PermaDyamics Over the Years

 
PermaDynamics stands for our approach of integrating permaculture and Syntropic Agroforestry and has since encompassed our permanently dynamic nature. As a team, a business and a family, we are in a constant flow, like a living organism. 

Our family

Klaus and Vanessa met in Bolivia, South America. Vanessa worked for an NGO to empower indigenous women's co-operatives, while Klaus learned with Ernst Götsch, the founder of Syntropic Agroforestry, in the early 80s in Brazil. He then worked alongside local subsistence farmers, encouraging regenerative agricultural practices. 

Both Josh and Frida were born and grew up in Bolivia. In 2003 our family moved to Aotearoa and found our feet in a rural community in Te Tai Tokerau. This is where Vanessa began sharing her health expertise and Klaus taught permaculture and translated the key Syntropic Agroforestry concepts to a NZ context combining the two practices into what would soon become the 'PermaDynamics' approach. 

Fast forward to 2016, Frida and her former partner, Matt Dami, travelled South East Asia and Tasmania experiencing and researching different farming techniques, and then returned to the family land with the desire to start up a regenerative education center. And so, PermaDynamics family business was created. 

Josh later joined the business after completing his Masters in Fine Arts at Elam. His creative talents and ability to streamline systems facilitated us to expand our operations and outreach.  

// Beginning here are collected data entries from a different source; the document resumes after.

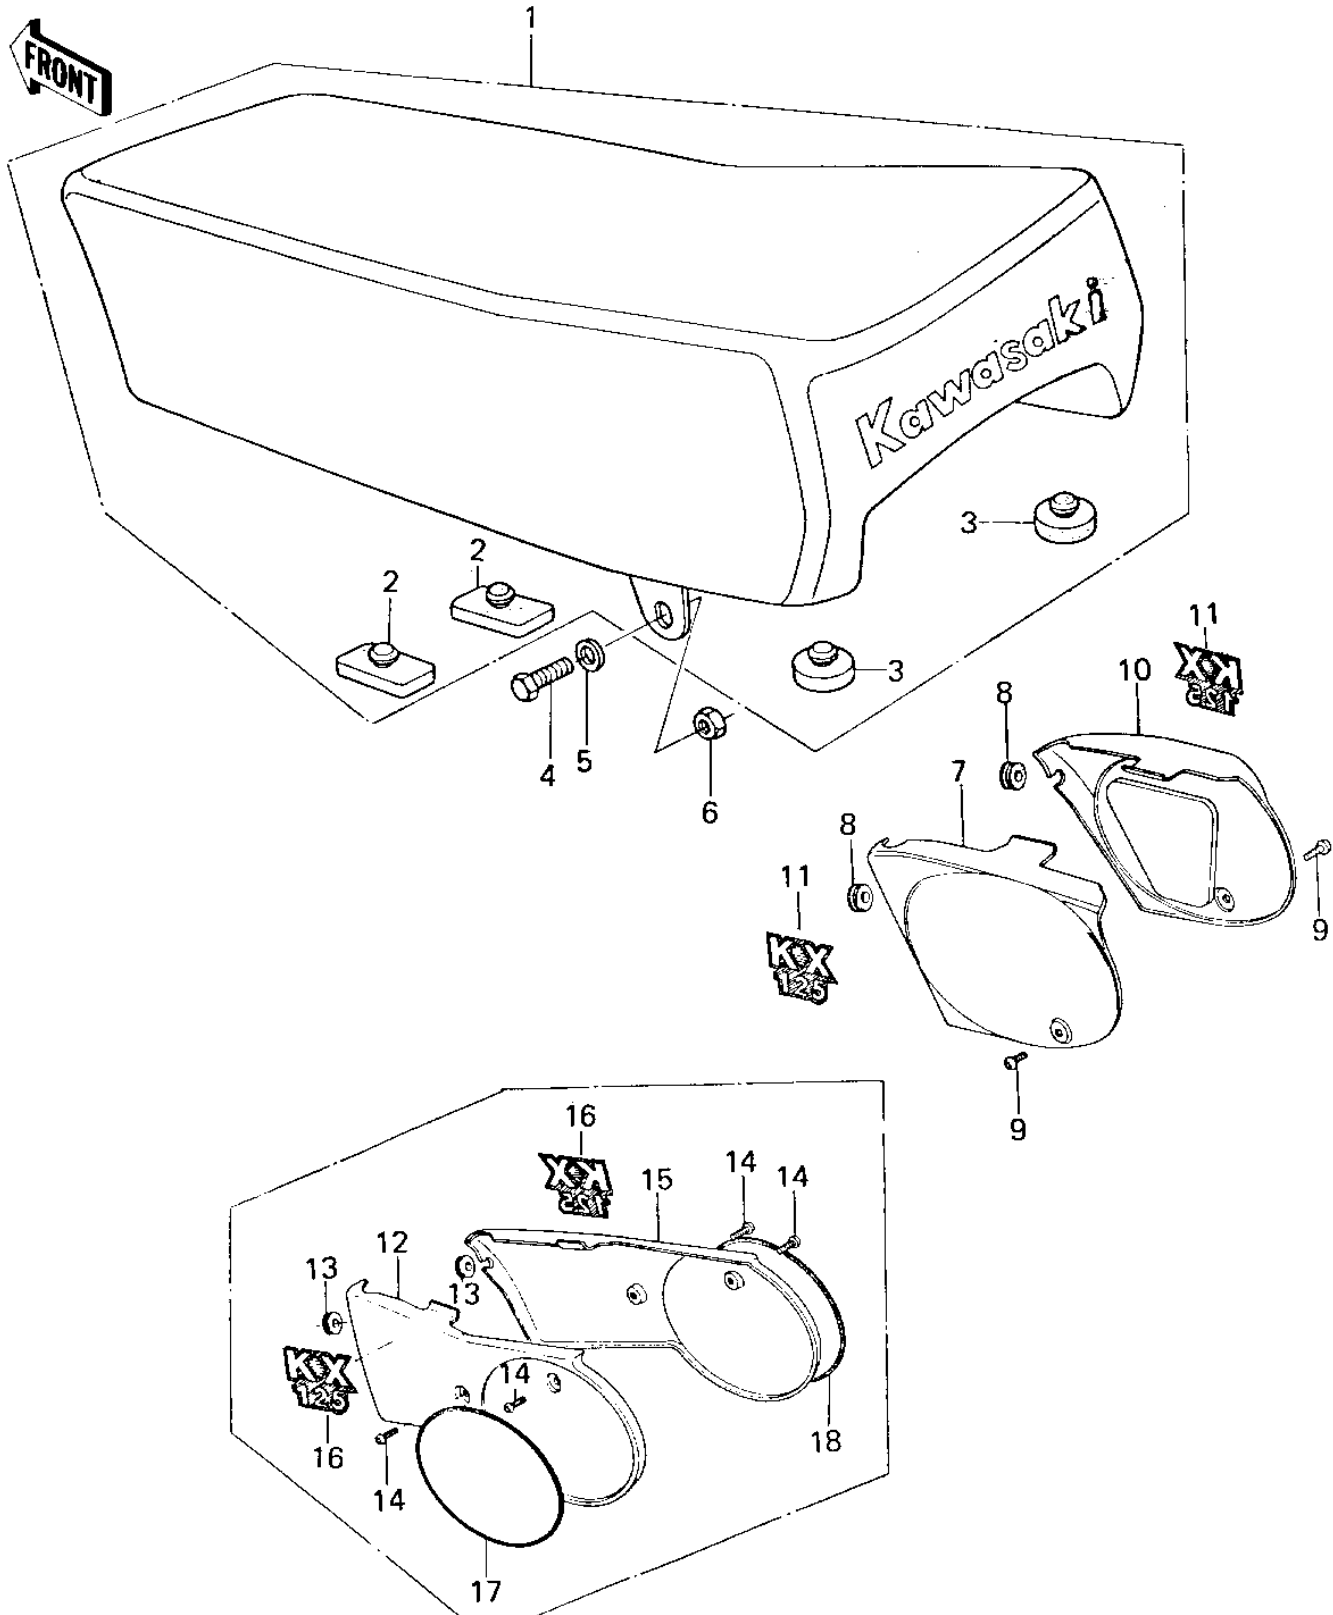

1978 KX125-A4 PARTS DIAGRAM

SEAT/SIDE COVERS ('78-'79 KX125-A4/A5)

1978 KX125-A4 PARTS LIST

SEAT/SIDE COVERS ('78-'79 KX125-A4/A5)

| ITEM NAME | PART NUMBER | QUANTITY |
|----------------------------------|---------------|----------|
| SEAT-ASSY (Ref # 1) | 53001-1016 | 1 |
| SEAT-ASSY (Ref # 1) | 53001-1029 | 1 |
| DAMPER RUBBER,SEAT (Ref # 2) | 92075-1054 | 4 |
| DAMPER RUBBER (Ref # 3) | 92075-281 | 2 |
| BOLT-SMALL-UPSET,8X22 (Ref # 4) | 115B0822 | 2 |
| WASHER PLAIN 8MM (Ref # 5) | 411B0800 | 2 |
| NUT,LOCK,8MM (Ref # 6) | 92015-1124 | 2 |
| COVER,L.H SIDE,GREEN (Ref # 7) | 36001-1021-6W | 1 |
| DAMPER RUBBER (Ref # 8) | 92075-1028 | 2 |
| SCREW,6X14 (Ref # 9) | 92009-1287 | 2 |
| COVER,R.H SIDE,GREEN (Ref # 10) | 36001-1022-6W | 1 |
| EMBLEM,SIDE COVER (Ref # 11) | 56018-1025 | 2 |
| COVER,L.H.SIDE,L.GREN (Ref # 12) | 36001-1066-6W | 1 |
| DAMPER RUBBER (Ref # 13) | 92075-1028 | 2 |
| SCREW,6X14 (Ref # 14) | 92009-1287 | 4 |
| COVER,R.H.SIDE,L.GREN (Ref # 15) | 36001-1067-6W | 1 |
| EMBLEM,SIDE COVER (Ref # 16) | 56018-1088 | 2 |
| PATTERN,SIDE COVER LH (Ref # 17) | 56027-1513 | 1 |
| PATTERN,SIDE COVER RH (Ref # 18) | 56027-1514 | 1 |

In 2018 Mathilde, a passionate organic market gardener from France, joined our team. She and Josh married in 2021. With her inexhaustible enthusiasm for organic gardening she is now providing our wider community with weekly nutrient dense produce boxes. 

Most recently, Sean has brought in his Te Ao Māori culture, passion for community projects and food sovereignty. Together with Frida they install educational food forests. They are soon to be parents in Summer. 

As our family expands and develops our regenerative way of life, we are thrilled to see the momentum for dramatically regenerating landscapes grow across Aotearoa and abroad. 
 
The land

Just like most of Northland, our soils are degraded, previously deforested and then intensively grazed steep clay slopes. The dramatic transformation from this marginal non-arable land to its current fertile soils, producing a high diversity and abundance of produce, is a living example of the power of Syntropic Agroforestry.
 
Our main syntropic food forest is two acres and home to over 350 different plant species, consisting of a diversity of fruit, nut, biomass and native trees. It also harbours an orchestra of bird life that have flourished in the rich diversity.

Along our more fertile flats, we have a no-till, organic market garden interspersed with syntropic tree rows and various examples of temperate syntropic orchards. We have also applied these principles to our many riparian zones around the farm.

We have an array of permaculture systems functionally interwoven together; a massive greenhouse, workshop, animal overnight stables, compost systems, mushroom production stations, wood fired fruit dryer, various earth buildings and teaching spaces. We also have a tree nursery supplying start up food forest growing material. 

Our highly dynamic permaculture way of living with the land, leaves us all with a richness only a reciprocal relationship with nature can instil. It is the backbone of our farm, and what we hope to inspire in others, so together we can co-create a more harmonious world.